Johannes Bernsteiner

Johannes Bernsteiner (2025): Life and Death of Great City Highways: Shifting Paradigms in Urban Planning from a European and Asian Perspective, 1st reviewer: Aglaée Degros, 2nd reviewer: Maarten van Acker

“Life and Death of Great City Highways” investigates the transformation of city highways in light of paradigm shifts in contemporary urban planning. Once regarded as symbols of progress, connectivity, and modernist rationality, these infrastructures today increasingly embody spatial fragmentation, environmental degradation, and social exclusion. In the context of ecological crises, urban densification, and societal polarization, the question of their future also points toward new guiding models for urban development. 

Theoretically, this dissertation is situated at the intersection of actor-network theory, Henri Lefebvre’s spatial triad, and Thomas S. Kuhn’s concept of paradigms. It understands urban infrastructures not as neutral artifacts, but as sociotechnical assemblages which interlink material, political, cultural, and symbolic orders. The specifically developed model of the paradigm triad draws on six interwoven vectors to analyze urban change: cultural, ecological, economic, mobile, political, and spatial. 

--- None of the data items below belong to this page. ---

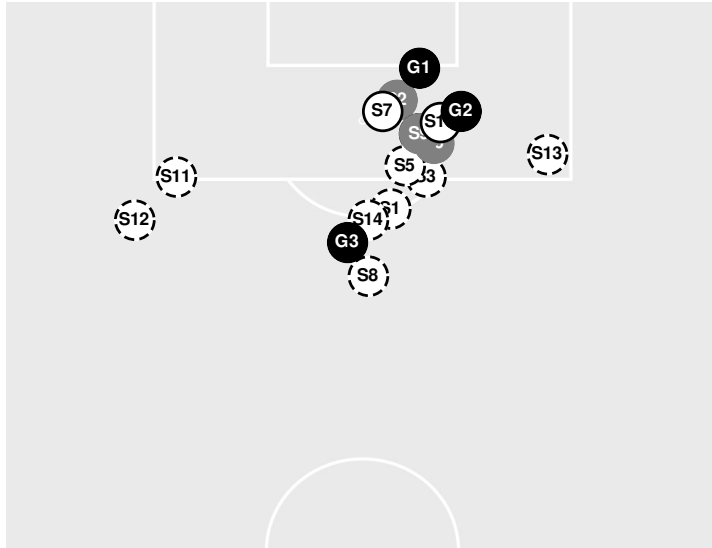

BOSTON COLLEGE 0, NOTRE DAME 2

- 89:42 Corner kick by Eagles [89:42].
- 90:00 End of period [90:00].

BOSTON COLLEGE 0, NOTRE DAME 2

Official Soccer Shot Chart - Final
Boston College vs Notre Dame

10/5/2023 Alumni Stadium, South Bend
 2023-24 Women's Soccer

Match Time: 7:00 PM
Match Duration: 01:28
Attendance: 307

Officials: Nicole Green, Steve Besk, Jake Brochu, Joshua Overmyer

		1st Half	2nd Half
Shots by Half Intervals	Fighting Irish	8	9
	Eagles	5	6

Shot Chart

FIGHTING IRISH

EAGLES

(S) Shot Off Target
 (S) Shot On Target
 (S) Blocked
 (G) Goal / Own Goal

Shot Summary

Official Soccer Shot Chart - Final
Boston College vs Notre Dame
 10/5/2023 Alumni Stadium, South Bend
 2023-24 Women's Soccer

Methodologically, a multidimensional comparative design combines qualitative fieldwork, expert interviews, photographic mapping, and discourse analysis. Four case studies—despite differing cultural contexts, political systems, and planning approaches—collectively demonstrate how city highways become focal points of sociotechnical negotiation: the restoration of the Catharijnesingel in Utrecht, the pedestrianization of the Parisian Voies sur Berges, the ecological renewal of the Cheonggyecheon Stream in Seoul, and the ongoing transformation of Tokyo’s KK Line. Together, they offer new perspectives on sustainable urban development, infrastructural justice, and post-car mobility. By contributing to critical urban studies, this dissertation illuminates—in a tangible, practice-oriented manner—how relics of modernity can be transformed into sites of collective reappropriation, ecological repair, and urban renewal.